President announces pay freeze for government workers and slashes projects designed to help the poor and the environment
Barack Obama is poised to announce $1.1tn (£687bn) in budget cuts tomorrow in a 10-year deficit reduction plan to avert a budget crisis and silence the conservative opposition.
In his third annual budget, Obama is expected to introduce a five-year freeze on discretionary spending and a pay freeze for government workers. Severe cuts are expected to many programmes that have previously had the president's support. Home energy assistance for low-income families would be halved, and an initiative to restore the environmental health of the Great Lakes would be reduced by a quarter. The community development block grant, which goes to state governments to develop low-income areas, and funding for the Forest Service, stewards of the forests, are also likely to be cut.
However, the cuts will have only a marginal impact on the national debt, which stands at $14.1tn. The 10-year deficit reduction would be less than the total projected deficit for 2011 alone, which the non-partisan Congressional Budget Office estimates will be $1.48tn. The budget will not contain proposals to tackle areas of major spending in the US budget, such as social security.
The cuts will begin in October and extend over the next decade. Most savings will come from spending cuts. Even the Pentagon, often considered untouchable, will face cuts.
The military will not be subject to the same spending freeze as other government bodies but Obama is expected to follow Defence Secretary Robert Gates's proposal to slash spending at the Pentagon by $78bn over the next five years. As well as savings from troop withdrawals from Iraq, weapons programmes – including a new engine for the joint-strike fighter initiative backed by the UK and Canada among others – are also on the chopping block.
The cuts are unlikely to appease the Republican opposition, which is already calling for $100bn in budget cuts for this year alone. Law enforcement, environmental protection, renewable energy, transportation and housing grants would all be cut severely under its proposals.
November's election gains by Republicans backed by the conservative Tea Party movement have increased pressure on both Democrats and Republicans for aggressive cost-cutting.
The Republicans' proposed spending cuts for 2011 were rejected by recently elected conservatives as too small, forcing the House Speaker, John Boehner, to propose even deeper cuts. The 2011 budget has yet to be passed by Congress and tomorrow's budget is expected to further intensify the debate.
Speaking on NBC's Meet the Press, Boehner said Obama's budget would "continue to destroy jobs".
"The president wants to talk about winning the future," he said. "This isn't winning the future – it's spending the future. We're broke. What's really dangerous is if we continue to do nothing and allow the status quo to stay in place."
The Republicans are also set to clash with Obama over proposals to reform the Bush-era tax cuts. The Treasury has estimated that making the tax cuts permanent for everyone would cost it $3.7tn in lost revenues over 10 years. Obama is planning to extend the cuts, but not for people whose taxable income is more than $250,000 a year.

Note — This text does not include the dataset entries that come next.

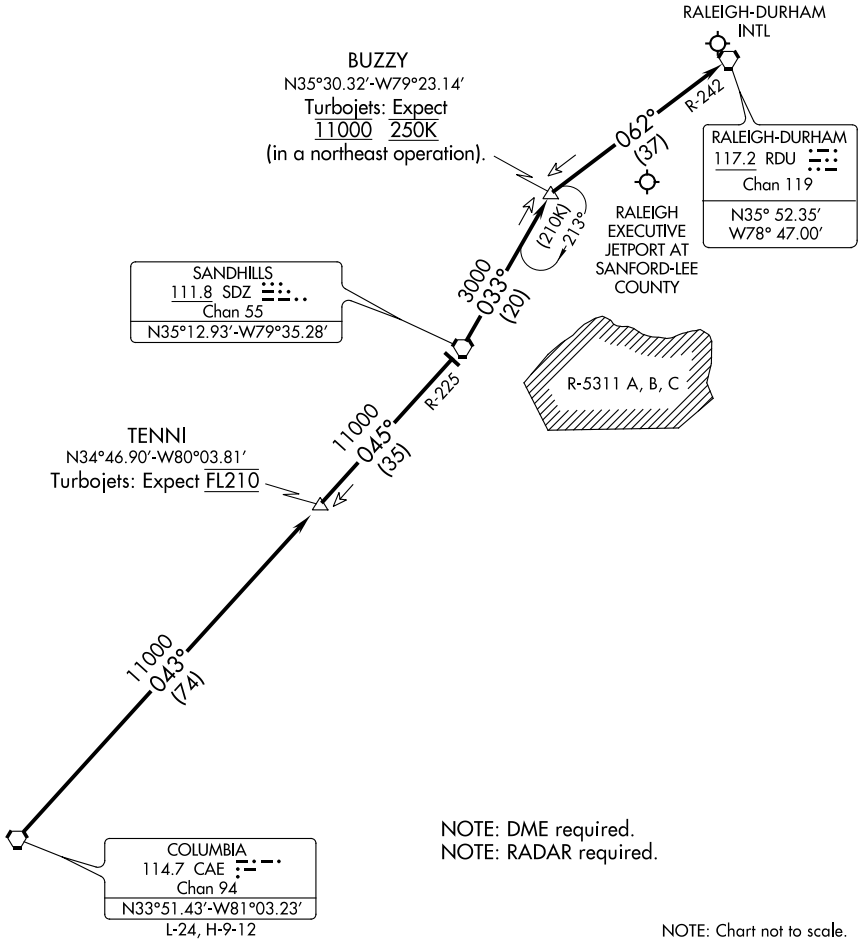

# BUZZY NINE ARRIVAL

RALEIGH-DURHAM, NORTH CAROLINA

RALEIGH APP CON  
127.675 307.9  
RDU D-ATIS  
123.8

RALEIGH RGNL AT  
PERSON COUNTY

HENDERSON-  
OXFORD

SE-2, 05 NOV 2020 to 03 DEC 2020

SE-2, 05 NOV 2020 to 03 DEC 2020

## ARRIVAL ROUTE DESCRIPTION

**COLUMBIA TRANSITION (CAE.BUZZY9):** From over CAE VORTAC on CAE R-043 and SDZ R-225 to SDZ VORTAC, then on SDZ R-033 to BUZZY.

... Thence on RALEIGH/DURHAM VORTAC R-242 to RDU. Expect RADAR vectors to final approach course after BUZZY.

# BUZZY NINE ARRIVAL

(BUZZY.BUZZY9) 26MAR20

RALEIGH-DURHAM, NORTH CAROLINA

In his weekly Saturday address the president said: "Families across this country understand what it takes to manage a budget. They understand what it takes to make ends meet without forgoing important investments like education. Well, it's time Washington acted as responsibly as our families do."
In December, the White House's bipartisan deficit-reduction commission said the US needed to make $4tn in reductions.